Victorian freak show star Mary Ann Bevan toured the globe as the ‘the ugliest woman on Earth’ - but really she was ‘the world’s BEST mum’.
The London-born nurse suffered from acromegaly, a disorder that causes the body to create too much growth hormone - and after her husband died was left destitute trying to support their four kids.
Prior to the onset of the devastating condition, she was very pretty, and had a successful career working in some of the City’s hospitals.
The narrow-mindedness of the era regarding her oversized features left her unable to work - but little did she know that her medical misfortune would end up providing a very lucrative income.
Today, acromegaly is a condition which can be treated and controlled, in the 1900s there was no stopping the disorder from taking over and changing someone's appearance beyond all recognition.
Fearing that she and her brood were edging closer to the workhouse, Mary Ann saw a newspaper advert that would change her life.
“Wanted: Ugliest woman. Nothing repulsive, maimed or disfigured. Good pay guaranteed, and long engagement for successful applicant. Send recent photograph.”
It was placed by Claude Bartram, who was the European agent for the American circus, Barnum and Bailey.
He had just returned from Europe after a fruitless mission to find “new season freaks” to join the lucrative - but cruel - sideshow circuit.
This newspaper ad was his final attempt at recruiting some new ‘talent’ to be gawped and mocked across the UK and further afield.
Mary Ann sent in a recent photograph and immediately captured Bartram’s attention - he had found his new star.
He later said: “She was not repulsive at all.

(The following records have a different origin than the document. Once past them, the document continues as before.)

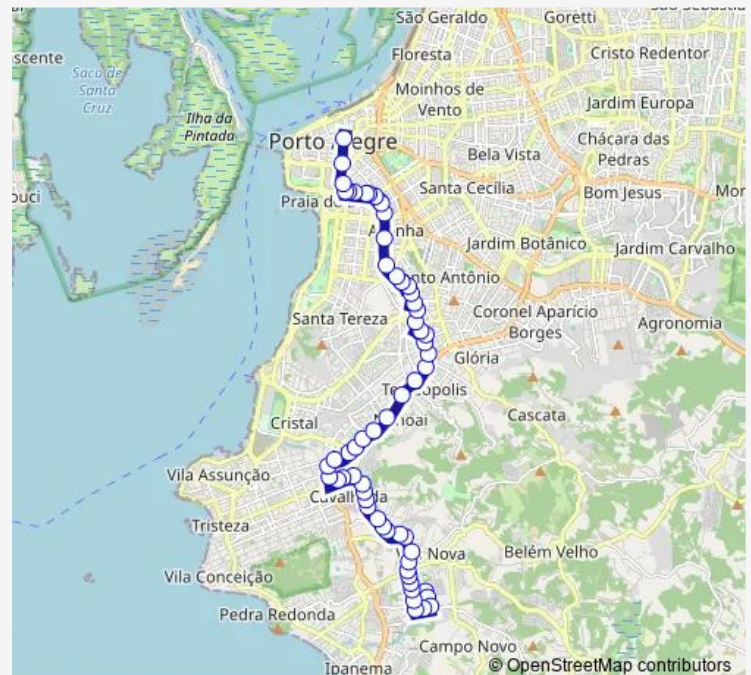

Vicente Monteggia 1272

Vicente Monteggia 1008

Vicente Monteggia 926

Route schedule

Ventos DO SUL DF 120 — Borges DE Medeiros 658

Monday 21:04-22:44

Tuesday 21:04-22:44

Wednesday 21:04-22:44

Thursday 21:04-22:44

Friday 21:04-22:44

Saturday —

Sunday —

Route info

Direction: Ventos DO SUL DF 120

Stops: 60

Trip Duration: 0 hour 40 min

Friday 21:44-23:24

Saturday —

Sunday —

Route info

Direction: Joao Pessoa 359 Viaduto Independencia

Stops: 51

Trip Duration: 0 hour 40 min

Nonoai AL 247

She had the kind of face one usually finds in a giant, a powerful, masculine jaw, prominent cheek-bones, nose and forehead, but she was unblemished, healthy and strong.
“She told me she did not like the idea of placing herself on exhibition, she was shy and did not want to be separated from her children.

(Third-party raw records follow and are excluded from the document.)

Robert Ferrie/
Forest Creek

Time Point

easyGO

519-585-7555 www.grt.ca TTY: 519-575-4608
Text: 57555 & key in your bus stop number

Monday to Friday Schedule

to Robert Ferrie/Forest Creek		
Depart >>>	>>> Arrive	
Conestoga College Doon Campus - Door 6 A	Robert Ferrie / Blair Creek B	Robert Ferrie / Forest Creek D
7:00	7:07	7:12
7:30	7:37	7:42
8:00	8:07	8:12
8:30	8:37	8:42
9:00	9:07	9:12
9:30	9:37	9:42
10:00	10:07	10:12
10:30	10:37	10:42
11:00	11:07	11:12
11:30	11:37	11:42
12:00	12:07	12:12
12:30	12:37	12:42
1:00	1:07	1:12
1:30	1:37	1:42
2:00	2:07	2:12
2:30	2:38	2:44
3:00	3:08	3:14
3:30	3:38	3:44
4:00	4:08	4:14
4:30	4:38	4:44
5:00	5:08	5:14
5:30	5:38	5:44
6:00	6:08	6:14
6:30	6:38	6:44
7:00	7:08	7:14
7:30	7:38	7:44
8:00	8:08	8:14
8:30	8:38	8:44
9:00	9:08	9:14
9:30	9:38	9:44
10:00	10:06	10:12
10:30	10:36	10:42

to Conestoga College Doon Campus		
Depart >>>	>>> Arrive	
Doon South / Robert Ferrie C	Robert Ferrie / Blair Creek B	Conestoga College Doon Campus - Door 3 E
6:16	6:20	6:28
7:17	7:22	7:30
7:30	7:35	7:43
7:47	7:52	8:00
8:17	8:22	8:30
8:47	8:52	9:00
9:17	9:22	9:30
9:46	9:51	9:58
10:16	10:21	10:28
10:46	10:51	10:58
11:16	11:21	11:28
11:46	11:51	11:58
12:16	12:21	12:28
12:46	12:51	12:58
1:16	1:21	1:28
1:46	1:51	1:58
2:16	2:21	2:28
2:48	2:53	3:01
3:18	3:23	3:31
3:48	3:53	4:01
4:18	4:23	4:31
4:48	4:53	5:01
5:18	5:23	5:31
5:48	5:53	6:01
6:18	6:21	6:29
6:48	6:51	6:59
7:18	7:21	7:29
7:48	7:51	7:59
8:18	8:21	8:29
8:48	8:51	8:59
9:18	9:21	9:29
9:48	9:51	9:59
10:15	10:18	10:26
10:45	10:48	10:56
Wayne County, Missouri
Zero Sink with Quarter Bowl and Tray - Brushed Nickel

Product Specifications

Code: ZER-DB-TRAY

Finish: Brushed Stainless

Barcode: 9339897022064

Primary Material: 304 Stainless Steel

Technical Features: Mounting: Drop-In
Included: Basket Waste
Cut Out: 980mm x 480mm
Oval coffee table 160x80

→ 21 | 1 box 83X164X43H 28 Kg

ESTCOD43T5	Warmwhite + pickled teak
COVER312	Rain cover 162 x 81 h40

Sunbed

“I told her she would earn £10 per week for a year, travelling expenses and all the money from the sale of picture postcards of herself, so she could provide for the education of her children. She wavered but finally agreed.”
To start with Mary Ann toured Hampshire but she was so successful that she was offered a job by P.T Barnum, the circus maestro portrayed by Hugh Jackman in The Greatest Showman, and in 1920 made the sea voyage to the US from Southampton.
While in London people turned away from looking at her, in New York it was the total opposite.
Upon arrival she found herself on the cover of every newspaper in the city - but it must have hurt to see herself heralded as “The Ugliest Woman on Earth”.
The hype about the new British circus star didn’t die down, and she went on to draw huge crowds, overshadowing bearded ladies, conjoined twins, little people, giants and people with physical disabilities.
Leading neurosurgeon Harvey Cushing wrote a letter to Time magazine in 1927 to complain about the way it had made fun of the ugliness of his patient.
He wrote: “This unfortunate woman who sits in the sideshow of Ringling Brothers ‘between Fat Lady and Armless Wonder’ and ‘affects white lace hats, woollen mittens and high laced shoes’ has a story which is far from mirth-provoking.
“She, previously a vigorous and good looking young woman, has become the victim of a disease known as acromegaly . . . Being a physician, I do not like to feel that Time can be frivolous over the tragedies of disease.”
But regardless of the moral issues of mocking those less fortunate, people flocked to gawp at her in the flesh.
Mary Ann was made to wear clothes that enhanced her masculine physique and make her look as unattractive as possible, prompting gasps of horror from the paying crowds.
During the next two years she was ridiculed, insulted and humiliated - and earned £20,000, which is about £500,000 today.
The money was enough to put her four children in boarding school and although she missed them terribly she regularly wrote to them, and knowing that their futures were secure helped her power through the (well paid) humiliation.
Mary Ann achieved what she set out to do, earning a fortune which she used to give her children a better life.
She returned to Europe in 1925 to take part in an exhibition in Paris, but spent the remainder of her life at the Coney Island Dreamland Show.
It has been claimed that she developed a severe drinking habit during her final years, and lost a lot of her fortune to poor investments.
After she died in 1933 at the age of 59 her children fulfilled her dying wish to be buried in England, and she lies at rest at the Ladywell and Brockley Cemetery in South London.